Assigned task: Without the images, print every line of the material below exactly as given.

Data in this exercise:
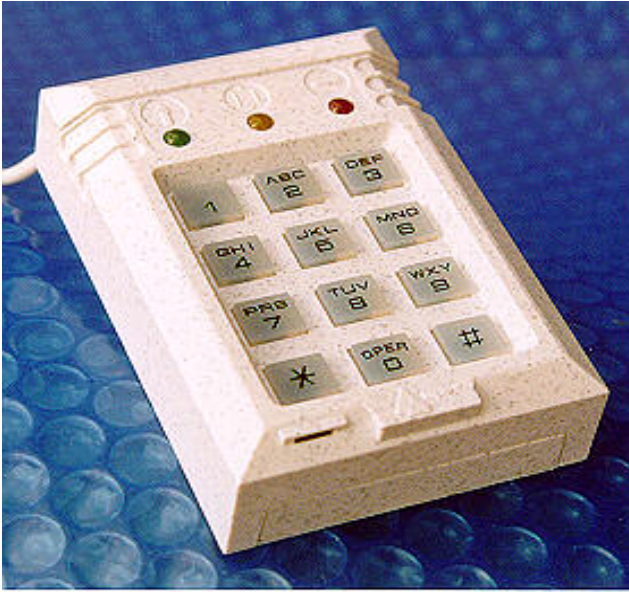

AVD Security Toegang **SupaKey**

Proximity toegangscontrole systeem voor 1 deur

Makkelijk en betaalbaar

De "Master Tag" (hoofdsleutel) wordt gebruikt door de huismeester of de eigenaar van het pand. Hiermee kunnen maximaal 80 sleutels worden toegevoegd, verwijderd of toegewezen aan elke SupaKey op elk gewenst tijdstip. De nachtmerrie van verloren sleutels en vervanging van sloten behoort hiermee tot het verleden. Ook het niet inleveren van sleutels is nu geen probleem meer.

SupaKey gebruikt Impro's wereldbekende passieve transponder techniek en biedt u het meest:

- Betaalbare
- Gebruiksvriendelijke
- Veiligste

toegangscontrole product.

SupaKey is uitstekend voor het controleren van toegang tot een enkele deur op kantoor of bij u thuis. Het werd ontworpen om te voldoen aan alle eisen gesteld aan toegang voor appartementen, hotels, flatgebouwen, kortom overal waar maximaal 80 gebruikers een sleutel nodig hebben voor dezelfde (toegangs)deur.

4-cijferige PIN-code

Afmetingen: 88 x 60 x 24mm

Display met 3 LED's:

- Aanbieden tag
- Toegang geweigerd
- Toegang akkoord

Zoemer met instelbare volume

Instelbare relaijstijd

Volledig intelligente communicatie tussen externe lezer en intern relais verzekert u van absolute veiligheid

Zeer laag stroomverbruik

IFF communicatie

Ingebouwde slotsturing

Afmetingen 64 x 44 x 29mm

Kan met wissel en gelijk spanning werken

Zelfherstellende zekering

Voeding: 7-12 VAC of 9-16 VDC

Stroomverbruik: 120 mA
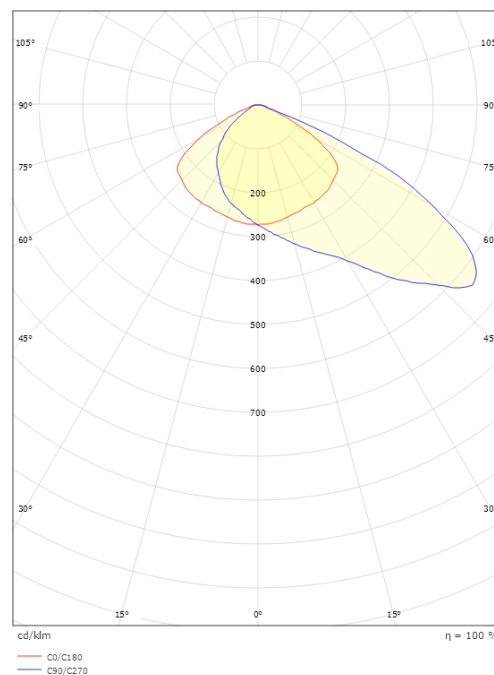

Langfoss Maxi

Langfoss Maxi Grafit 40350lm 4000K Ra>70 Ej dimbar

Enummer: 7768388
EAN: 7021986419450
SG nummer: 641945
Ersätter: 641923

Elektrisk

Systemeffekt: 267W
Spänning: 220-240V
Frekvens (Hz): 50/60Hz
Max. armaturer per brytare: B10: 1, B16: 2, C10: 2, C16: 3

Mått

Längd (mm) L: 552
Bredd (mm) W: 443
Höjd (mm) H: 85
Vikt (kg) brutto/netto: 16 / 13

Förpackning

Förpackning mått (mm): 580 x 475 x 120

7 0 2 1 9 8 6 4 1 9 4 5 0
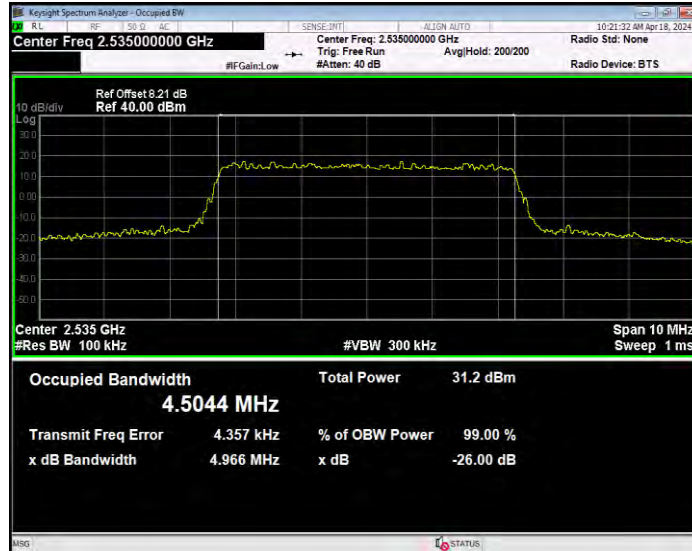

Band7 QPSK BW=5MHz Channel=21100 RB Size=25 Position=#0
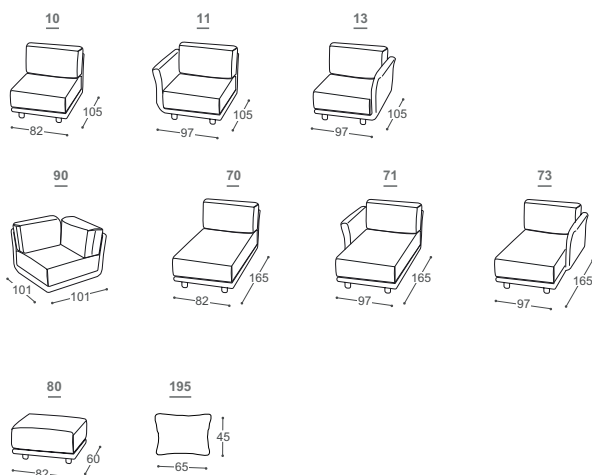

# Vario

M-735

Visina | 88  
Visina sedišta | 46  
Dubina sedišta | 62

## Opis ugrađenog repro-materijala:

- Drvena konstrukcija** Noseći delovi od sušene bukve, šper 18 mm, tapetarska lepenka.
- Sedište** Visoko elastičan HR sunđer, 500 g termodinamčki obrađena vata, filc i talasastih opruga.
- Naslon** Anatomski obrađeni sunđer RG 25, 300 g termodinamčki obrađena vata.  
U rukonaslonima sunđer RG 30, 300 g vata termodinamčki obrađena vata.
- Nogice** Drvene noge od bukovog drveta prefarbane u više boja.
- Funkcija za spavanje** Fiksna garnitura.
- Materijali** Kao što možete birati sastav garniture, tako možete i birati materijal za presvlaku iz naše bogate kolekcije uvoznih štofova i govedih koža.
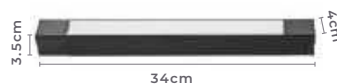

20W   **1.560LM**
Potência   Fluxo
                 Luminoso

6352 | 6354	6353 | 6355
Branco Preto	Branco Preto
3.000K	4.000K
Temp. de Cor	Temp. de Cor

Quant. por Caixa: unid.
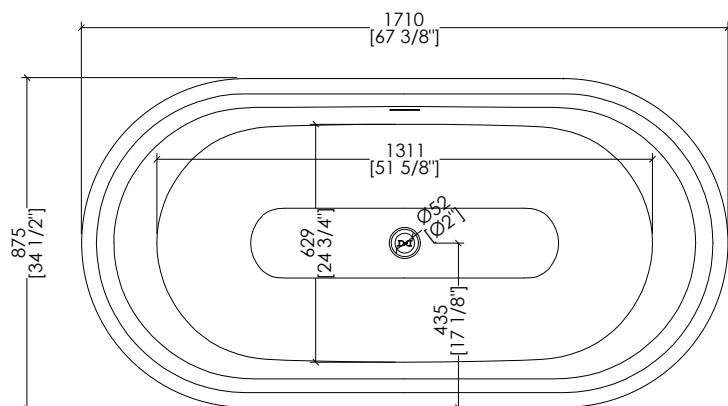

Devon&Devon

AURORA WHITE

design **Ufficio Stile**

► OGNI VASCA È COMPRESIVA DI PILETTA CON COVER IN WHITE TEC PLUS E SIFONE (EACC571).

► DRAIN WITH COVER IN WHITE TEC PLUS AND SIPHONED TRAP ASSEMBLY INCLUDED (EACC571).

updated 01|2025

AURORAWH_DD

► VASCA:
MATERIALE: white tec plus
FINITURA: bianca opaca
► TOLLERANZA: ± 8 mm
► DIMENSIONE IMBALLO: mm 1885x1025x1010 H
► PESO NETTO: 191 Kg
► PESO LORDO: 243 Kg
► VOLUME: 330 L ► considerando il limite di capienza al troppopieno

N.B. Tutte le misure sono in millimetri/pollici. Questo disegno è di proprietà Devon&Devon. Non può essere riprodotto o trasmesso a terzi senza autorizzazione.

► BATHTUB:
MATERIAL: white tec plus
FINISH: white matt
► TOLERANCE: ± 3/8"
► PACKAGING SIZE: inch 74 1/4"x40 3/8"x39 3/4" H
► NET WEIGHT: 421 Lbs
► GROSS WEIGHT: 535.7 Lbs
► VOLUME: 87 Gal ► considering the capacity of the water to the overflow

N.B. All measurements are in millimetres/inch. This drawing is property of Devon&Devon. It may not be reproduced or transmitted to third parties without authorization.
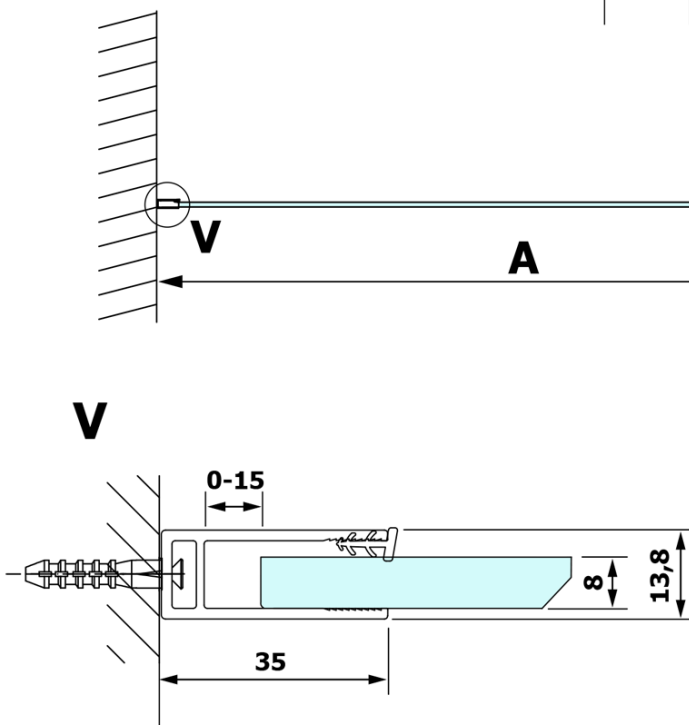

## Rozmery

Výška: 2000 mm  
Hĺbka: 1100 mm

## Vlastnosti

Farba profilu: Zlatá mat  
Tvar: Jednostenná pevná  
Typ výplne: Matné sklo  
Úprava skla: Coated glass  
Hrúbka skla: 8 mm  
Hmotnosť / ks: 60.0 kg  
Balenie: 2 ks  
Záruka: 3 roky

## Odporúčame prikúpiť

1 ks VARIO vzpera k zástenam 1400mm, zlato mat (Objednací kód: GX2217)

**VARIO GOLD MATT jednodielná sprchová zástena na inštaláciu k stene, matné sklo, 1100 mm**

**Technický list**
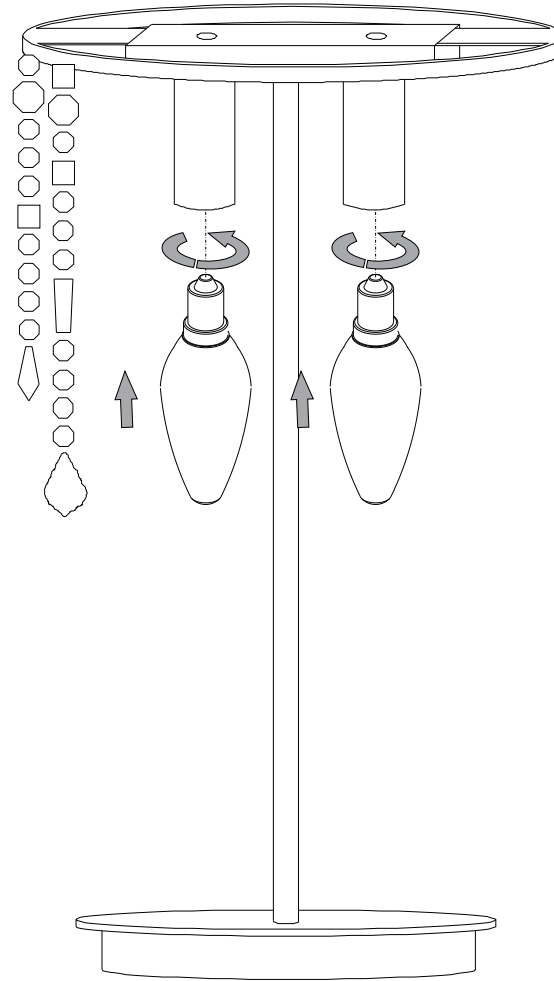

ESEGUIRE LE OPERAZIONI DI MONTAGGIO, SEGUENDO L'ORDINE NUMERICO PROGRESSIVO.
FOLLOW THE ASSEMBLY INSTRUCTIONS BY READING THE NUMERICAL PROGRESSION

①

②

③

La sicurezza di questo apparecchio è garantita solo con l'uso appropriato di queste istruzioni pertanto è necessario conservarle.
The safety and reliability are guaranteed only when installation instructions are properly followed. Please retain this instruction sheet for future reference.

Response below:
AVD Security Toegang **SupaKey**

Proximity toegangscontrole systeem voor 1 deur

Makkelijk en betaalbaar

De "Master Tag" (hoofdsleutel) wordt gebruikt door de huismeester of de eigenaar van het pand. Hiermee kunnen maximaal 80 sleutels worden toegevoegd, verwijderd of toegewezen aan elke SupaKey op elk gewenst tijdstip. De nachtmerrie van verloren sleutels en vervanging van sloten behoort hiermee tot het verleden. Ook het niet inleveren van sleutels is nu geen probleem meer.

SupaKey gebruikt Impro's wereldbekende passieve transponder techniek en biedt u het meest:

- Betaalbare
- Gebruiksvriendelijke
- Veiligste

toegangscontrole product.

SupaKey is uitstekend voor het controleren van toegang tot een enkele deur op kantoor of bij u thuis. Het werd ontworpen om te voldoen aan alle eisen gesteld aan toegang voor appartementen, hotels, flatgebouwen, kortom overal waar maximaal 80 gebruikers een sleutel nodig hebben voor dezelfde (toegangs)deur.

4-cijferige PIN-code

Afmetingen: 88 x 60 x 24mm

Display met 3 LED's:

- Aanbieden tag
- Toegang geweigerd
- Toegang akkoord

Zoemer met instelbare volume

Instelbare relaijstijd

Volledig intelligente communicatie tussen externe lezer en intern relais verzekert u van absolute veiligheid

Zeer laag stroomverbruik

IFF communicatie

Ingebouwde slotsturing

Afmetingen 64 x 44 x 29mm

Kan met wissel en gelijk spanning werken

Zelfherstellende zekering

Voeding: 7-12 VAC of 9-16 VDC

Stroomverbruik: 120 mA

Langfoss Maxi

Langfoss Maxi Grafit 40350lm 4000K Ra>70 Ej dimbar

Enummer: 7768388
EAN: 7021986419450
SG nummer: 641945
Ersätter: 641923

Elektrisk

Systemeffekt: 267W
Spänning: 220-240V
Frekvens (Hz): 50/60Hz
Max. armaturer per brytare: B10: 1, B16: 2, C10: 2, C16: 3

Mått

Längd (mm) L: 552
Bredd (mm) W: 443
Höjd (mm) H: 85
Vikt (kg) brutto/netto: 16 / 13

Förpackning

Förpackning mått (mm): 580 x 475 x 120

7 0 2 1 9 8 6 4 1 9 4 5 0

Band7 QPSK BW=5MHz Channel=21100 RB Size=25 Position=#0

# Vario

M-735

Visina | 88  
Visina sedišta | 46  
Dubina sedišta | 62

## Opis ugrađenog repro-materijala:

- Drvena konstrukcija** Noseći delovi od sušene bukve, šper 18 mm, tapetarska lepenka.
- Sedište** Visoko elastičan HR sunđer, 500 g termodinamčki obrađena vata, filc i talasastih opruga.
- Naslon** Anatomski obrađeni sunđer RG 25, 300 g termodinamčki obrađena vata.  
U rukonaslonima sunđer RG 30, 300 g vata termodinamčki obrađena vata.
- Nogice** Drvene noge od bukovog drveta prefarbane u više boja.
- Funkcija za spavanje** Fiksna garnitura.
- Materijali** Kao što možete birati sastav garniture, tako možete i birati materijal za presvlaku iz naše bogate kolekcije uvoznih štofova i govedih koža.

20W   **1.560LM**
Potência   Fluxo
                 Luminoso

6352 | 6354	6353 | 6355
Branco Preto	Branco Preto
3.000K	4.000K
Temp. de Cor	Temp. de Cor

Quant. por Caixa: unid.

Devon&Devon

AURORA WHITE

design **Ufficio Stile**

► OGNI VASCA È COMPRESIVA DI PILETTA CON COVER IN WHITE TEC PLUS E SIFONE (EACC571).

► DRAIN WITH COVER IN WHITE TEC PLUS AND SIPHONED TRAP ASSEMBLY INCLUDED (EACC571).

updated 01|2025

AURORAWH_DD

► VASCA:
MATERIALE: white tec plus
FINITURA: bianca opaca
► TOLLERANZA: ± 8 mm
► DIMENSIONE IMBALLO: mm 1885x1025x1010 H
► PESO NETTO: 191 Kg
► PESO LORDO: 243 Kg
► VOLUME: 330 L ► considerando il limite di capienza al troppopieno

N.B. Tutte le misure sono in millimetri/pollici. Questo disegno è di proprietà Devon&Devon. Non può essere riprodotto o trasmesso a terzi senza autorizzazione.

► BATHTUB:
MATERIAL: white tec plus
FINISH: white matt
► TOLERANCE: ± 3/8"
► PACKAGING SIZE: inch 74 1/4"x40 3/8"x39 3/4" H
► NET WEIGHT: 421 Lbs
► GROSS WEIGHT: 535.7 Lbs
► VOLUME: 87 Gal ► considering the capacity of the water to the overflow

N.B. All measurements are in millimetres/inch. This drawing is property of Devon&Devon. It may not be reproduced or transmitted to third parties without authorization.

## Rozmery

Výška: 2000 mm  
Hĺbka: 1100 mm

## Vlastnosti

Farba profilu: Zlatá mat  
Tvar: Jednostenná pevná  
Typ výplne: Matné sklo  
Úprava skla: Coated glass  
Hrúbka skla: 8 mm  
Hmotnosť / ks: 60.0 kg  
Balenie: 2 ks  
Záruka: 3 roky

## Odporúčame prikúpiť

1 ks VARIO vzpera k zástenam 1400mm, zlato mat (Objednací kód: GX2217)

**VARIO GOLD MATT jednodielná sprchová zástena na inštaláciu k stene, matné sklo, 1100 mm**

**Technický list**

ESEGUIRE LE OPERAZIONI DI MONTAGGIO, SEGUENDO L'ORDINE NUMERICO PROGRESSIVO.
FOLLOW THE ASSEMBLY INSTRUCTIONS BY READING THE NUMERICAL PROGRESSION

①

②

③

La sicurezza di questo apparecchio è garantita solo con l'uso appropriato di queste istruzioni pertanto è necessario conservarle.
The safety and reliability are guaranteed only when installation instructions are properly followed. Please retain this instruction sheet for future reference.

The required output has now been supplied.